Then four warriors appeared, planeswalkers from another universe. Armed only with their wits and tablet devices filled with unlocked potential, they eyed each other across the void, uncertain of what fate might befall them. At this point in the space-time continuum, each warrior was called, drawn to this place and time by some unseen force, to participate in the fourteenth Tribal War. But whose tribe had the power to achieve ultimate victory?

The first warrior to strike was the mighty Moose-Man. He let out a mighty moose-call and brought forth from the void a marshy land. Marshy yet vivid.
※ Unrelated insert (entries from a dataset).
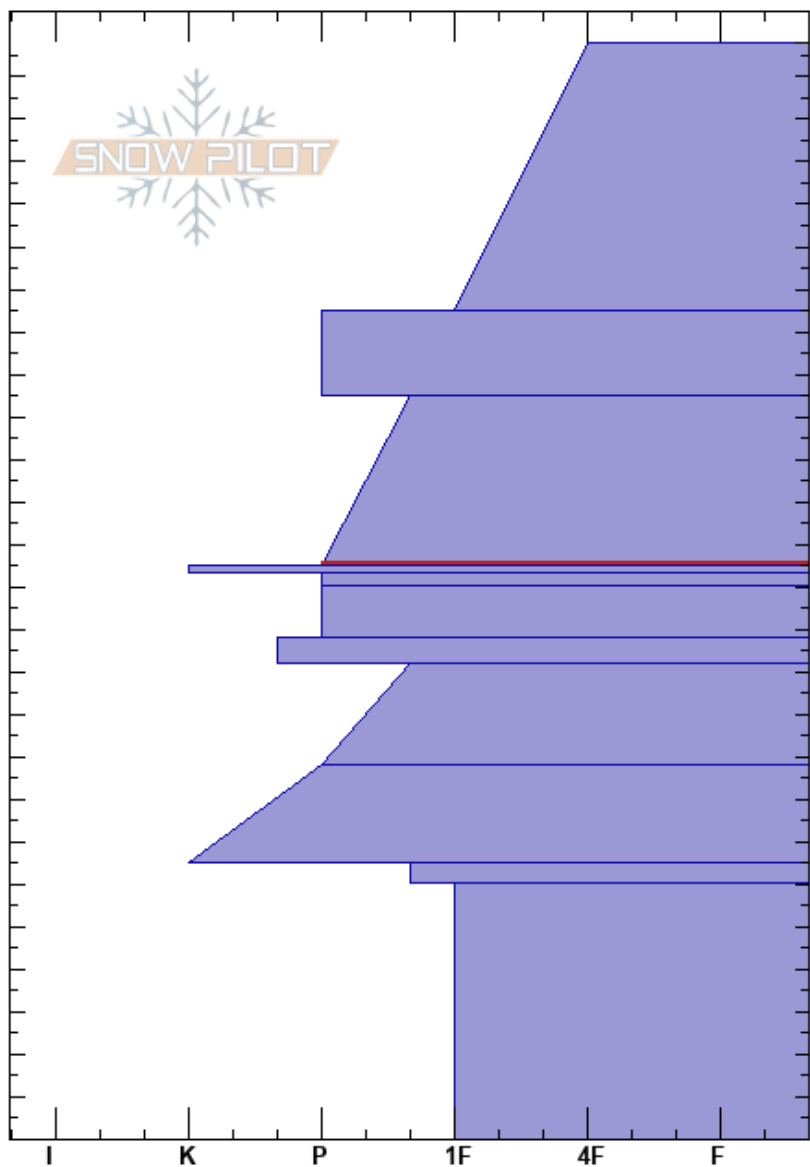

S. Bowl
 Teton Range
 WY
 Elevation: 9576 ft
 Aspect: 144°
 Specifics: We skied slope

David Cain
 03/15/2024 - 10:00am
 Co-ord: 43.77444N, -110.93139W
 Slope Angle: 32°
 Wind Loading: previous

Stability: Good
 Air Temperature:
 Sky Cover: CLR
 Precipitation: NO
 Wind: S Calm

HS:258
 Layer Notes:
 175-135cm: Problematic layer
 65-60cm: 2mm chained facets

Depth (cm)	Crystal Form	Crystal Size	Moisture	ρ (kg/m ³)	Stability tests & Layer comments
258	⊙⊙	1			
230	.	0.3-0.5			
190	.	0.1			
160	● (⊖)	0.5(0.5)			
140	⊙⊙ (■)	1			← PST90/120 (End) @133cm
130	●	0.5			
120	.	0.3			
110	⊙⊙	1			
100	● (⊖)	0.5			
80	⊙⊙ (⊕)	0.3			
60	⊖ (□)	1-2			65-60cm: 2mm chained facets
30	□ (⊖)	1.5			

Notes: 64' Skiers R of pit from 20240219.

It was a Vivid Marsh. It just kind of sat there.

Seeing that his feet were about to get wet in this marsh, the second warrior, Turgy XXII, built a bridge of mosswort across the marsh and stood upon it to keep dry and drown out some of the vivid light. Little did his adversaries know that a super-powerful creature lay beneath that bridge, prepared to jump out at just the right moment. But would that moment ever come?

Now came Oversoul the Exploder, who borrowed a workshop from a fellow plainswalker named Mishra and created from that workshop a sunny ring and a vault of mana and a terribly uncomfortable hat. The ring blasted forth some mana of indeterminate origin and an extremely uninviting monolith appeared, from which sprouted forth two automatons, held fast together by arcs of energy. The other warriors sighed and rolled their eyes.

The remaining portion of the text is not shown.